Идет допрос. Гостям на кухне жарко.
Кухарка же, готовить прекратив,
идет по следу, что твоя собака.
Проходит день, являя новый труп.
Гостям уж надоело, лучше б драка!
Судья-хозяин неизменно туп,
убийца, как положено по жанру,
всех незаметней – человеко-мышь.
Пора, ей-богу, сделаться пожару,
но дом в сугробах, как тут возгоришь!
Убийца заскучал, скучают гости,
зевает автор, а читатель спит…
Встряхнет перед броском кухарка кости,
недюжинный являя аппетит,
пойдет и – как обложит интригана,
подставить замышлявшего судью!
Дойдя до точки этого романа,
пойду и я кого-нибудь убью.
Декабрь. Страна взыскует эпилога.
Верстаются итоги. Ночь растет.
Распутица, набухших туч молока,
но снега нет. Зима ведет отсчет
календарем, не снегом. Дождь лупцует.
Друзья болеют. Истерит эфир.
Наряженные елки на плацу, и
такое чувство, что болеет мир;
пускай быстрей взорвется, но петардой,
но праздником расцвечивая путь,
пусть снежных баб скорей нальются ядра
и сбудется хотя бы что-нибудь!
Волнуемся, что уготовит завтра,
к чему проснемся оба, ты и я,
уснув сегодня головой на запад
в своей скупой скорлупке бытия.
Где воля, где простор?

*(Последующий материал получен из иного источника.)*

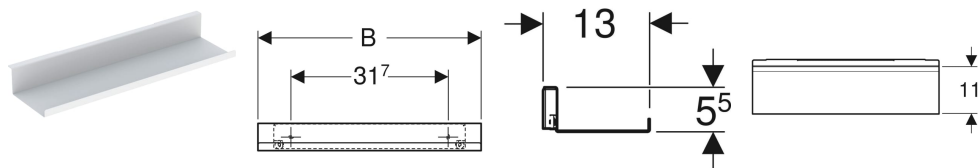

Geberit Wandablage

Beispielbild

Eigenschaften

- Wandhängend
- Verdeckte Befestigung

Technische Daten

Werkstoff

Stahl

Lieferumfang

- Wandablage

- Befestigungsmaterial

Art.-Nr.	Farbe / Oberfläche	B	H	T	VE1
502.326.JL.1	sandgrau / pulverbeschichtet matt	45 cm	5.5 cm	13 cm	1 St.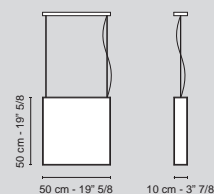

ARABESQUE SQUARE

SV 50

	HALOGEN	LED
Lampadina - Bulb	8 x G9 34 W	8 x G4 2.3 W
Consumo - Power	272 W	18,4 W
Flusso - Flux	8 x 435 Lm	8 x 190 Lm
Codice - Code	7511321.98	7511321.11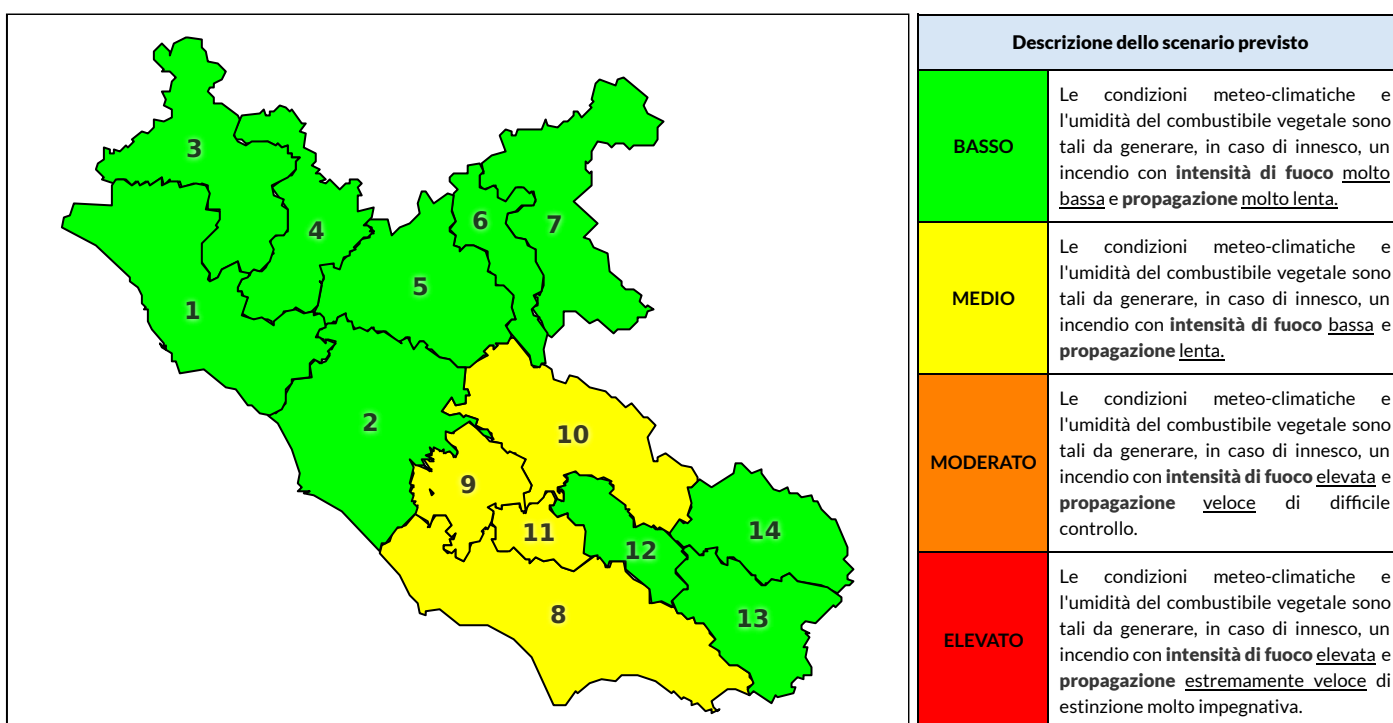

| Zona AIB | 1 | 2 | 3 | 4 | 5 | 6 | 7 | 8 | 9 | 10 | 11 | 12 | 13 | 14 |
|----------------------|-------|-------|-------|-------|-------|-------|-------|-------|-------|-------|-------|-------|-------|-------|
| Livello Pericolosità | BASSO | BASSO | BASSO | MEDIO | MEDIO | BASSO | BASSO | MEDIO | MEDIO | MEDIO | MEDIO | BASSO | BASSO | BASSO |

NOTE

Empty box for notes.

REGIONE LAZIO - AGENZIA REGIONALE DI PROTEZIONE CIVILE

CENTRO FUNZIONALE REGIONALE

N.verde 800.276570 | centrofunzionale@regione.lazio.it

SALA OPERATIVA REGIONALE

N.verde 803.555 | sor@regione.lazio.it

BOLLETTINO DI PERICOLOSITA' DA INCENDI BOSCHIVI

Previsioni per domani 26-5-2021

Livello di pericolosità da incendio boschivo per Zona di Allerta AIB

Bollettino emesso nel periodo della campagna AIB Lazio sulla base del modello previsionale RISICOLazio, sviluppato in collaborazione con Fondazione CIMA, che fornisce un supporto per la valutazione della Pericolosità da incendio boschivo aggregata sulle Zone di Allerta AIB, approvate come parte integrante del Piano AIB Lazio 2020-2022 con DGR n° 270 del 15/05/2020. Il dettaglio della distribuzione dei Comuni nelle Zone AIB è consultabile al link <https://tinyurl.com/ZoneAIB>. Le Norme Comportamentali per la popolazione sono consultabili al link <https://tinyurl.com/NormeComportamentali>.

| Zona AIB | 1 | 2 | 3 | 4 | 5 | 6 | 7 | 8 | 9 | 10 | 11 | 12 | 13 | 14 |
|----------------------|-------|-------|-------|-------|-------|-------|-------|-------|-------|-------|-------|-------|-------|-------|
| Livello Pericolosità | BASSO | BASSO | BASSO | BASSO | BASSO | BASSO | BASSO | MEDIO | MEDIO | MEDIO | MEDIO | BASSO | BASSO | BASSO |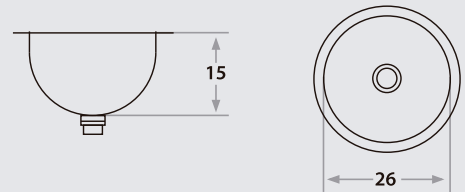

452E

Ø26 x 15 cm / Ø10 1/4" x 6"
LÍNEA LUJO / DELUXE SERIES
Acero/Stainless Steel: AISI 304 18-8
Satinado y Brillante /Satin & Polished finish

Мы все же скифы!
Нам наплевать на свист со стороны!
Но нами движут, нам в отместку, мифы
и вера в совпадения и сны.
Вы встретите меня
в том призрачном вокзале,
где поезда, звеня,
замрут – едва назвали,
едва произнесли
пункт назначенья: здесь.
Транзитом круг земли,
и высадишься – весь.
Вы встретите – опять
меж делом и беспечно.
Нетерпеливо мять
билетик на конечной,
покуда проводник
(наверно, ваш читатель)
приотворит ледник
грядущего некстати.
Лучи седой луны,
огни усталых станций
тоской облучены:
забыть, отстать, остаться
в том холоде, в снегу
замерзшею синицей…
Когда-нибудь смогу
привыкнуть – не смириться.
Ты уезжаешь – трус или герой,
я не узнаю,
время не для сечи.
Второй и первый,
первый и второй
равно бесчеловечен, изувечен
неверными словами наших дней;
листает иронист блокнотик в спешке,
ловя вниманье,
но чуть-чуть промешкал,
и немота сдвигается тесней.
Ты уезжаешь… Стой!
Помедли так,
не оглянувшись,
у дверей в прихожей,
чтоб – в спешке не застегнутый пиджак,
чтоб тенью смазанной,
мгновенно непохожей,
чтоб не рукой, но словом в пустоте:
– Вернешься? – Нет!
Но если ты захочешь…
Молчат вороны, жаворонки, кочет.
И время не для нас. И мы не те.
Бабьим летом луны улыбка
не сулит уже чудеса,
самолета задорная рыбка
зарывается в небеса,
стены в звездочках косеножек,
дом по осени темно-желт;
стылым вечером память множит
рой прорех, пожирая шелк
шелестящих надежд, а планы
неприемлемы и желанны.
В сентябре гонг гудит – смириться!
Грянет хладная чистота
с первобытной зимней страницы,
будет память, как снег, чиста.
Эта память, злая невеста,
вечно кутается в фату…
Что за свадьба! Поминки б – вместо,
обойти ее за версту!
И созвездья тасуют звезды,
Забывая, что мир наш – создан.
Можжевельника столб зеленый,
фатоватые клены,
клин гусей за сарай относит,
в небе – осень.
Заблудился комар в паутине,
небо волглое сине.
Что друзей мне ведешь посторонних,
осень-сводня?
Ирине Знаменской
Когда алкоголь наконец-то смывает сор,
дела не мешают и стыд не настолько горек,
что вспомнить не страшно один заповедный спор,
в ночи прошуршавший, как галька на выдохе моря,
когда понимаешь: напрасно множить слова,
вершину возьмет не герой – единение слабых;
когда не надеешься – новые дерева
покроют ее, восставят зеленой лавой;
когда догадаешься: было непросто, но
так подлинно, ясно в наивности той небесной,
помедли, и улыбнись, и допей вино,
покуда еще ты вне.
То есть ты – над бездной.
Смерть бабочки нежней, чем смерть жука,
и горихвостку жальче, чем ворону.
Мы обращаемся к событьям похоронным,
примериваясь вскользь, издалека.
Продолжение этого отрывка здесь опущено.